Java's ArrayList was good enough in all cases, as was HashMap. Although one interesting thing, ConcurrentHashMap turned out to be faster in all my (bad) benchmarks.

I'm doing Go nowadays, it does not have generics except for its built in lists (arrays/slices) and maps, and that covers 99% of my use cases as well.

Anyway, I'll never work at Google or any company that does leetcode interviews because it's so far removed from (my?) reality.

[+] skohan|5 years ago|reply
> it turns out that computers are pretty fast at allocating memory

Isn't this not the case? My understanding was that 90% of HPC is normally about making sure to avoid as many individual allocations/deallocations possible, because these are massively expensive compared to almost all user-space operations, and lead to cache-inefficient memory layouts, which can slow your code down by like a factor of 200

[+] karmakaze|5 years ago|reply
In Java arrays or ArrayList usually mean 'of references' so don't get the full cache locality benefit until Valhalla ever gets done. For primitive types, there are numerous primitive collection libraries that use primitive values and optionally object references.
[+] inglor_cz|5 years ago|reply
Once upon a time, there was Symbian OS, with very limited resources and an ugly tendency to fragment the heap. And the heaps were small, given how little memory popular devices like Nokia E52 had.

I wrote a XML DOM parser that relied heavily on placement new and could recycle most of the nodes among documents. It sped up parsing by over 20 times. Some documents (> 5 MB) that were previously unparseable became parseable.
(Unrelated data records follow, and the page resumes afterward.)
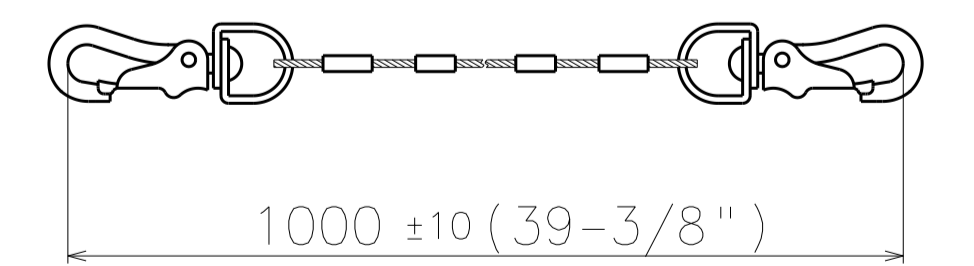

Sec A-A

Mass : Approx. 2.0 kg {4.42 lbs}

Unit : mm

カメラとの組み合わせ例
Example of combination with a camera

Removing decorative cover

Attach to WV-X86531-Z2**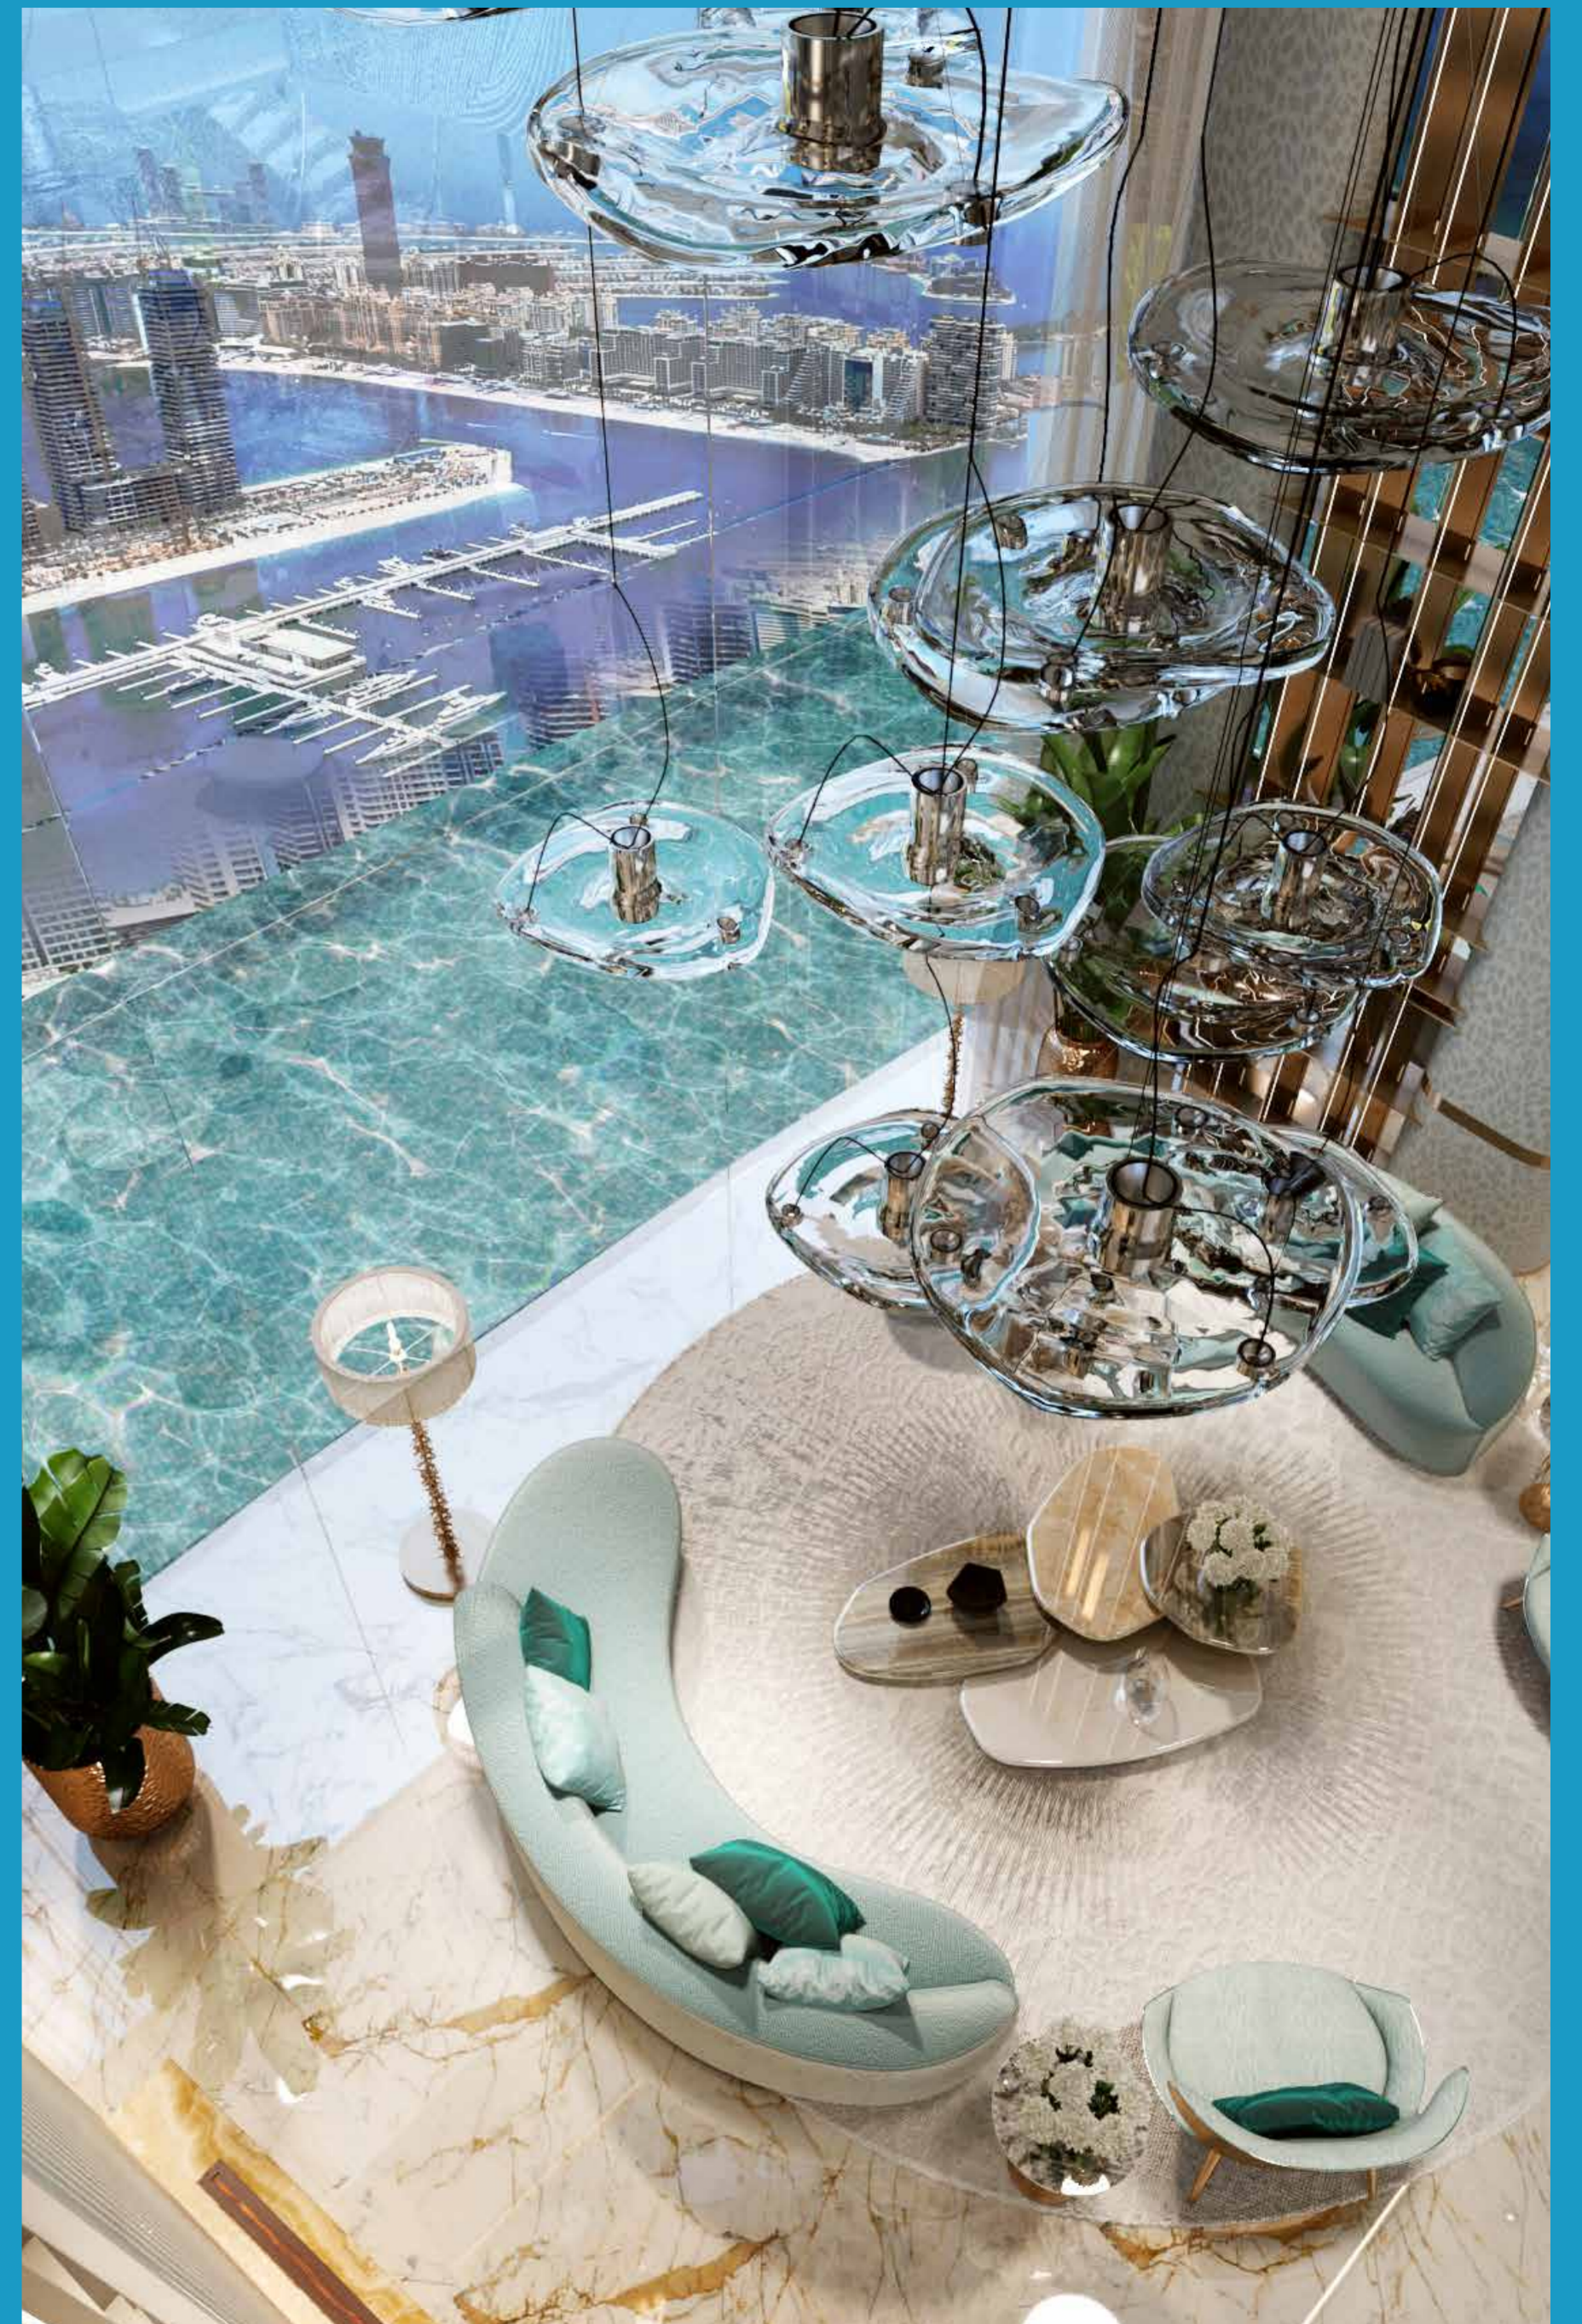

A WORLD
OF YOUR
OWN

Surround yourself with
the sky, the sun and
the sea, on an island
of happiness that
you have created
for yourself.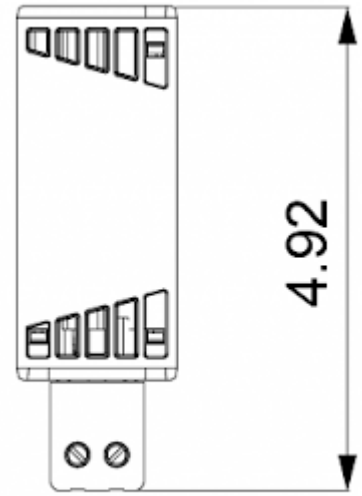

Convective Heater

Description

Order Number:	501050
Brand Name:	SOLIFLEX
Color:	Black
Housing Material:	PC plastic
Note:	PTC resistance self-regulating
Approvals:	CE, cURus

Technical data

Heating power at 50°F:	50 W
Operating temperature range:	-49°F - +158°F
Mounting:	DIN rail
Dimension H x W x D:	4.92 x 1.61 x 1.61 in.
Weight:	0.35 lbs.
Voltage / Frequency:	120-240 V AC/DC ~ 50/60 Hz
Max. current:	3.5 A
Connection:	2 screw terminal block for standard or rigid wire 2.5 mm ²

Cut out dimensions:

Order Information

Zolltarifnummer	85162999
EAN Nummer	5350604020023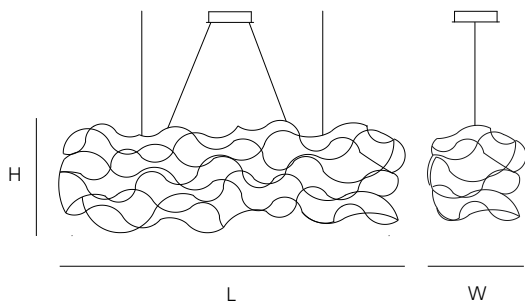

ABOUT **Curled 180** by Jan Pauwels

Curled LEDs become CurLED. This fixture has curved metal rods that gives it a more romantic look. All the E10 LED light bulbs give the hypnotizing result of a stellar creation. Every Curled is handmade, the E10 lamps are placed randomly, making every model unique. (see model Sirio for the version with led circuit boards)

DIMENSIONS

L	180 cm	70,9 inch
H	40 cm	15,7 inch
W	40 cm	15,7 inch

CANOPY

Ø	20 cm	7,9 inch
H	7,5 cm	3,0 inch

CABLELENGTH

Up to 200 cm 78,7 inch

LIGHTSOURCE

70 x E10, 1,2W/12V

KG	KG	KG
2,5	5	200x65x50cm
2,5	3	34x34x17cm

FINISH

Nickel

Brass

Copper

Black brass

TYPE.NR

●

11-8381-1

●

11-8381-2

●

11-8381-3

●

11-8381-4

PRICE

€ 3.770,00

€ 4.712,00

€ 4.712,00

€ 5.089,00

STANDARD The fixture is supplied with lamps. Black canopy with cover plate in matching colour of the fixture. Leading edge dimmable.

OPTIONAL Downlight MR16 led dim to warm 12V – 7W.

€ 195,00

ABOUT **Curled 180 led** by Jan Pauwels

Curled LEDs become CurLED. This fixture has curved metal rods that gives it a more romantic look. All the E10 LED light bulbs give the hypnotizing result of a stellar creation. Every Curled is handmade, the E10 lamps are placed randomly, making every model unique. (see model Sirio for the version with led circuit boards)

[+] JoeAltmaier|5 years ago|reply
As an embedded programmer, I often end up using a simple linked-list for memory allocations (when I allocate at all). But I hash by rounded-up blocks. Instead of having hash nodes for every sized block e.g. {...114, 116, 117, 118...} I'll use {64, 128, 256, 512...}. With 8 or nine hash buckets the app will re-use the same memory (after allocating a working set) forever.
[+] ciconia|5 years ago|reply
Can you share the algorithm?
[+] queuebert|5 years ago|reply
On a related note, Rust's Cow (copy on write) type is great for managing a large area of allocated memory where many threads are reading and only a few threads write. You can dole out pointers like candy without worrying about race conditions, because the moment they are written to a new allocation is created and the pointer moved.
[+] elesbao|5 years ago|reply
Nice to see the Ruby folks learning some CS !